#cuentosdeNavidad
El invierno vestía con un manto blanco que lo protegía de las gélidas noches de diciembre. Árboles engalanados que lucían sus mejores trajes de fiesta, mientras las carcajadas de la muchedumbre ataviada con multitud de adornos navideños me perforaban los tímpanos.
Bajé del coche y respiré hondo. El intenso olor a leña y a castañas asadas inundaron mis fosas nasales. Reconocí ese aroma al instante. Apenas conseguía recordar los años que llevaba sin regresar al barrio que me vio crecer. Pero esa bocanada hizo que el tiempo se detuviera, y que por un momento, no solo regresara a aquel lugar, sino que volviese a ser aquel niño inocente que creía en la magia de la Navidad.
Ahora, con la piel más arrugada y unas cuantas canas de más, había aprendido que la Navidad no es más que un viejo truco de ilusionismo en el que nada es lo que parece.
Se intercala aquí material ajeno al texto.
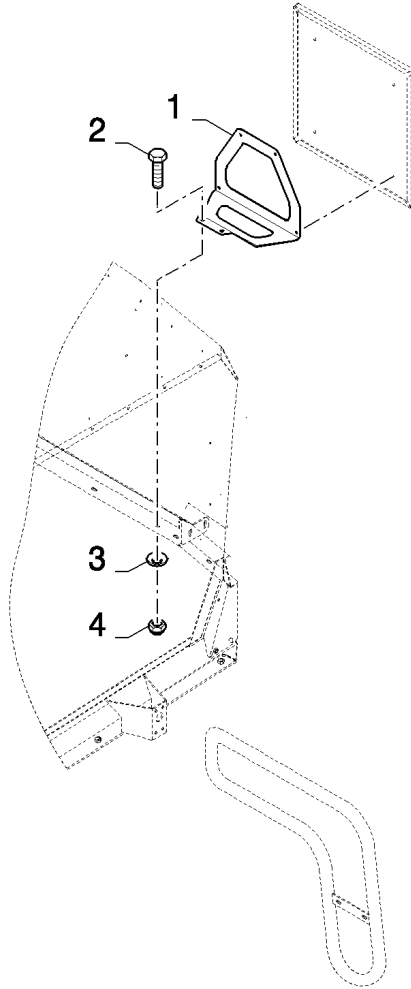

CX8080 COMBINE (9/06-)

18.84095861(01) SIGNAL PLATES SUPPORT - ITALY

сылка	Номер детали	Кол-во	Описание
	84095861		UNLOAD TUBE SIGNAL PLATE,
1	84442000	1	SUPPORT,
2	120104	2	SCREW, Hex, M8 x 20, 8.8,
3	322358	2	WASHER, SPRING, Belleville, M8,
4	9706690	2	NUT, M8, CI 8,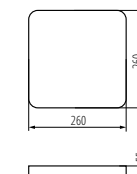

IPER LED 26W-...-O

IPER LED 26W-...-L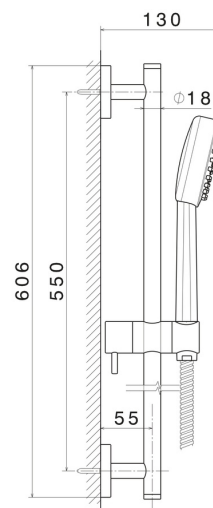

60658.21.018

Barre coulissante composé d'une douchette en ABS et d'un flexible L=150 cm - finition Chrome

Chrome

CARACTÉRISTIQUES

Technologie

Save Water

Installation

Murale

DESSIN TECHNIQUE

60658.21.018

Barre coulissante composé d'une douchette en ABS et d'un flexible L=150 cm - finition Chrome

FINITIONS DISPONIBLES

21.018

Chrome

01.014

finition Matt White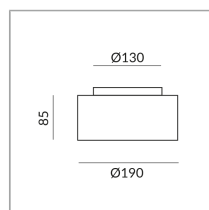

CANTARA GLAS C

CANTARA GLAS 190 LV C

102000ws
LED
Prix 599,00 € TVA incluse

190mm

Couleur de teinte

System

Spécification

102000ws
peint en blanc
15 Wattage
2700 K
1250 lm
CRI 97
230 Volt
Phasenabschnitt (C)
Optional 3000k
Optional Dim2warm
Option Casambi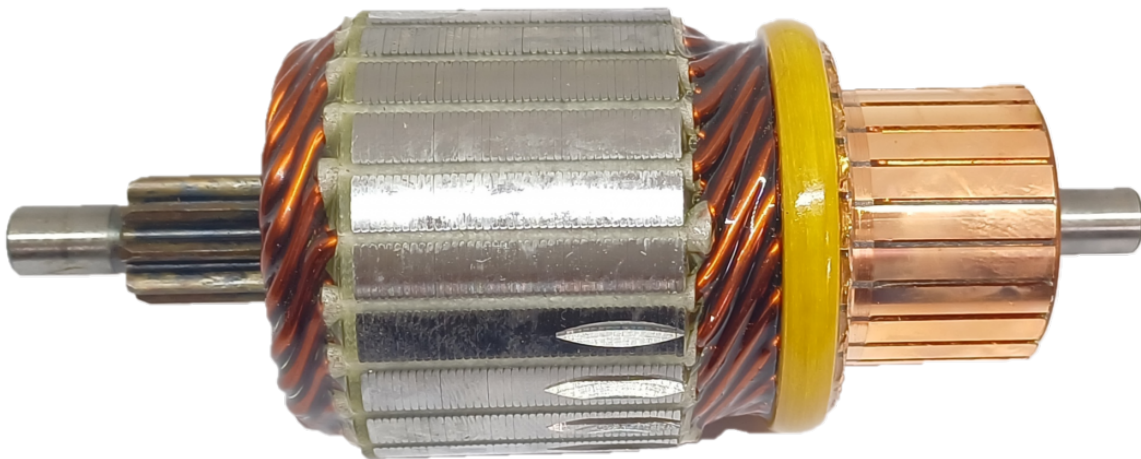

ROTOFRANCE

INDUCIDOS DE ARRANQUE

IF30945

Equivalencias: FORD 235725

Aplicaciones: Ford Fiesta Focus Ecosport, Mazda, Mercury, Max

Ranuras colector: 23

Estrias o dientes: 9

Longitud: 111.8

Volt: 12

Eje lado impulsión: 7 mm

Eje lado colector: 7 mm

Diámetro núcleo: 44,5 mm

Conexionado: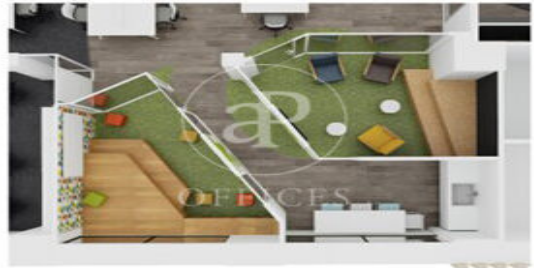

Bureau à louer à Chamartín (Madrid)

Ref. AOM2504008

Madrid / Chamartín

- ✓ Surveillance
- ✓ Concierge
- ✓ CLIM
- ✓ Chauffage
- ✓ Parking
- ✓ Condition: Très bonne

15.477 € | 673 m²

Bureau de 673 m2 dans la région de Chamartín, Madrid .La propriété dispose de 2 bureaux, 14 places de parking, chauffage et concierge.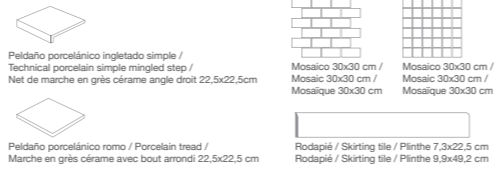

Serie TITÁN 9,9 x 49,2cm · 22,5 x 25,9cm · 22,5 x 22,5 cm

Porcelánico Esmaltado / Glazed Porcelain / Grès Cérame Émaillé / Feinsteinzeug Bla

CERLAT

PACKING		CAJAS BOXES / BOÎTES			PALLETES PALLETS / PALETTE		
FAMILIA FAMILY	FORMATO FORMAT	PZAS PCS	PESO (KG) WEIGHT / POIDS	m ² / SQM	CAJAS BOXES / BOÎTES	PESO (KG) WEIGHT / POIDS	m ² / SQM
PV.PC	9,9 x 49,2	15	16,05	0,73	84	1365	61,32
PV.PC	22,5 x 25,9	20	17,50	0,88	60	1067	52,80
PV.PC	22,5 x 22,5	20	20,20	1,01	72	1471	72,72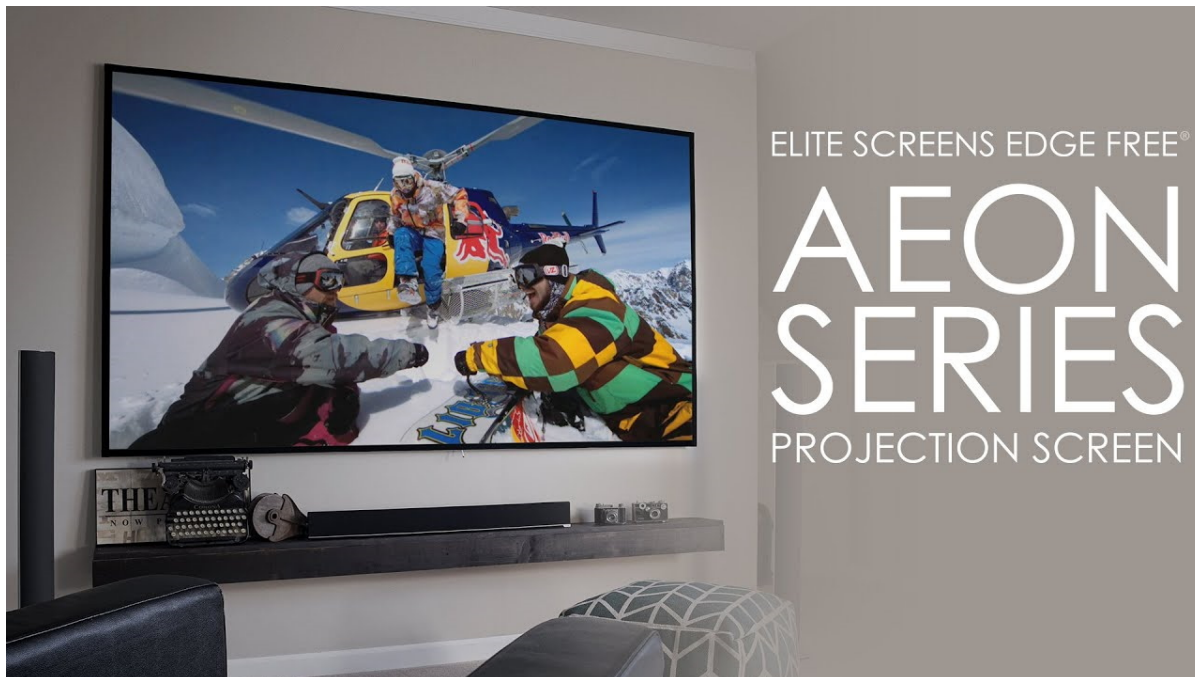

Elite Screens AR100DHD3

Projekční plátno v pevném rámu s úhlopříčkou **100"** a poměrem stran **16 : 9**. Ideální pro domácí použití v kombinaci s projektorem. Materiál **CineGrey 3D** je referenční kvalitní materiál vyvinutý pro prostředí s minimální kontrolou nad osvětlením místnosti. Plátno podporuje **aktivní 3D, 4K Ultra HD, HDR** a nabízí šířku zorného úhlu **90°**. Plátno je nataženo přes podkladový rám, **působí tedy bezrámovým dojmem** (možnost instalace ultratenké lišty).

- Série Aeon Edge Free - bezrámové/bezokrajové projekční plátno v pevném rámu
- Ideální pro domácí použití
- Aktivní 3D, 4K Ultra HD
- Lehká hliníková konstrukce s děleným rámem
- Snadná montáž a instalace
- Edge Free (bezokrajové) + možnost instalace ultratenké lišty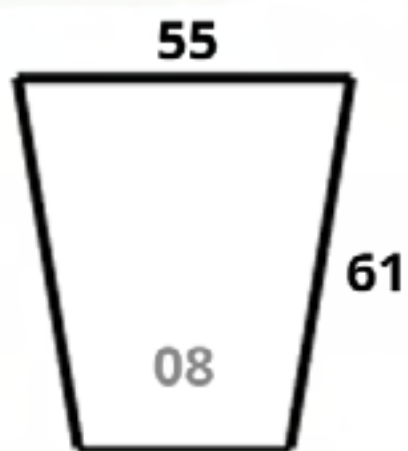

**CÓDIGO
BRASIL 06**

Diám. Boca x Base x Altura
36 cm x 26 cm x 40 cm

**CÓDIGO
BRASIL 02**

Diám. Boca x Base x Altura
45 cm x 29 cm x 49 cm

**CÓDIGO
BRASIL 03**

Diám. Boca x Base x Altura
55 cm x 35 cm x 60 cm

CÓDIGO CONICO LISO 14
L X A X B X Altura 35 cm x 35 cm x 22 cm x 38 cm

CÓDIGO CONICO LISO 02
L X A X B X Altura 43 cm x 43 cm x 27 cm x 47 cm

CÓDIGO CONICO LISO 15
L X A X B X Altura 49 cm x 49 cm x 31 cm x 54 cm

CÓDIGO CONICO LISO 06
L X A X B X Altura 30 cm x 30 cm x 20 cm x 55 cm

Conico Liso

Tamaños:

20/21

CÓDIGO CONICO LISO 03
L X A X B X Altura 25 cm x 25 cm x 20/21 cm x 61cm

35

CÓDIGO CONICO LISO 08*
L X A X B X Altura 55 cm x 55 cm x 35 cm x 61 cm
<small>*Reforzada</small>

20

CÓDIGO CONICO LISO 09
L X A X B X Altura 32 cm x 32 cm x 20 cm x 70 cm

40

CÓDIGO CONICO LISO 13
L X A X B X Altura 65 cm x 65 cm x 40 cm x 70 cm
<small>*Reforzada</small>

38

CÓDIGO CONICO LISO 05
L X A X B X Altura 45 cm x 45 cm x 38 cm x 75 cm

Supongo que esa era la razón por la que llevaba tantos años sin visitar a mi madre, pero esta pandemia me había enseñado que no se pueden posponer las cosas, y que el mañana quizá sea demasiado tarde.
Así que, en un acto de valentía y de responsabilidad, decidí dejar de buscar excusas y enfrentarme a mis miedos.
Allí permanecía impasible, reencontrándome con ese niño que debí dejar abandonado en alguna parte de mi abrupto y pedregoso camino vital, con un ramo de rosas en la mano y una mochila cargada de disculpas, que con seguridad, eran los regalos que mi madre llevaba esperando durante todo este tiempo.
A mi madre le encantaban las flores. Cuando era niño, el patio de mi casa era una especie de jardín del Edén a escala doméstica.
Miré a mi alrededor. Los puestos de venta de algodón de azúcar y de adornos navideños situados estratégicamente en las calles principales. Los años parecían no haber pasado. Los mismos olores de antaño. Sin embargo, para mí, el tiempo había transcurrido lento, como una larga condena.
«Es el aroma de la nostalgia», pensé.
Caminé por una de las calles secundarias hasta que encontré el lugar que buscaba. Una puerta pesada y metálica me daba la bienvenida. Su interior, tal y como lo recordaba, estaba repleto de flores. Avancé unos pocos metros por aquel lugar impregnado de malos recuerdos. En mi lento caminar, comencé a reprocharme mi comportamiento. El sentimiento de culpa me ahogaba.
«Aquí es», me dije. Estaba nervioso, como quien se enfrenta a una primera cita.
De repente, una voz firme me sacó de la vorágine de malos pensamientos en los que me hallaba inmerso.
—Ya es hora de que te dignes a venir a ver a tu madre. Llevo años esperándote...
No pude contestar. Ni siquiera fui capaz de pronunciar un tímido «lo siento». Apesadumbrado, bajé la mirada hasta que una lágrima brotó de mis vidriosos ojos.
Tragué saliva y contuve la respiración.
Tras unos segundos en la más absoluta quietud, me agaché y saqué de mi mochila una botella de champán y dos copas de cristal.
—Feliz Navidad, mamá…—acerté a decir con lágrimas en los ojos.
—Has cambiado mucho desde la última vez que estuviste por aquí, pero sigues teniendo la misma mirada de aquel niño desconsolado que se marchó entre lágrimas y que nunca más regresó.
Sus palabras fueron puñales afilados que se clavaron en lo más profundo de mi alma. Rompí a llorar en un sollozo ahogado.
Acto seguido, dejé sobre la lápida de mi madre el ramo de rosas que llevaba y un buen reguero de disculpas, prometiéndole que a partir de ese día, todos los años celebraríamos juntos la Navidad, y que nunca más echaría en falta la compañía de su único hijo en un día tan señalado como este.